Supplied records:

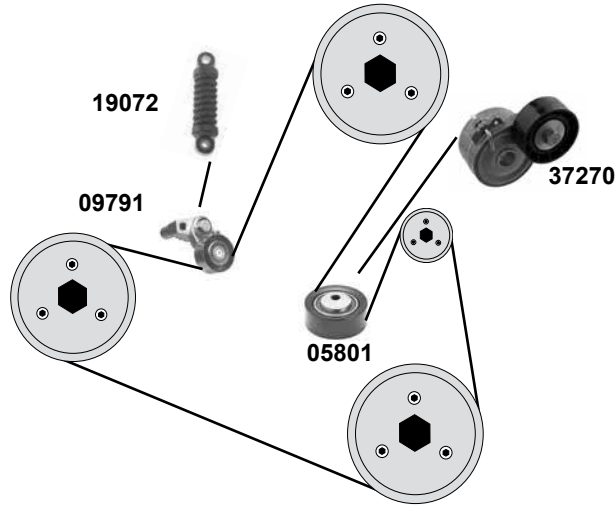

PEUGEOT Partner I+II

(96→08)

Car
Division

1,9 D
(DW8 / DW8B)

AC

- (1) Partner II → O 08399
- (2) (mot.) DW8 O 07910 - 11950 / (mot.) DW8B O 08729 - 11950

Ref. - No.

Ref. - No.	Description	Notes	Dimensions
05801	Spannrolle / tension roller	servo AC	ØA 70 ØI 10/16
07089	Spannrolle / tension roller	(ex.) AC	ØA 50 B26
09791	Spannrolle / tension roller	servo AC	ØA 60 B26,5
15002	Spannrolle / tension roller	(ex.) AC	ØA 50 B26
19072	Schwingungsdämpfer / vibration damper	servo AC	
19214	Umlenkrolle / deflection pulley	servo (1) (ex.) AC	ØA 37 B 27
22353	Umlenkrolle / deflection pulley	(1) servo (ex.) AC	
37270	Riemenspanner / belt tensioner	(2)	ØA 60 B25

Description of the task:
The result should be an exact copy of the material, containing no pictures.

Answer to this problem:
PEUGEOT Partner I+II

(96→08)

Car
Division

1,9 D
(DW8 / DW8B)

AC

- (1) Partner II → O 08399
- (2) (mot.) DW8 O 07910 - 11950 / (mot.) DW8B O 08729 - 11950

Ref. - No.

Ref. - No.	Description	Notes	Dimensions
05801	Spannrolle / tension roller	servo AC	ØA 70 ØI 10/16
07089	Spannrolle / tension roller	(ex.) AC	ØA 50 B26
09791	Spannrolle / tension roller	servo AC	ØA 60 B26,5
15002	Spannrolle / tension roller	(ex.) AC	ØA 50 B26
19072	Schwingungsdämpfer / vibration damper	servo AC	
19214	Umlenkrolle / deflection pulley	servo (1) (ex.) AC	ØA 37 B 27
22353	Umlenkrolle / deflection pulley	(1) servo (ex.) AC	
37270	Riemenspanner / belt tensioner	(2)	ØA 60 B25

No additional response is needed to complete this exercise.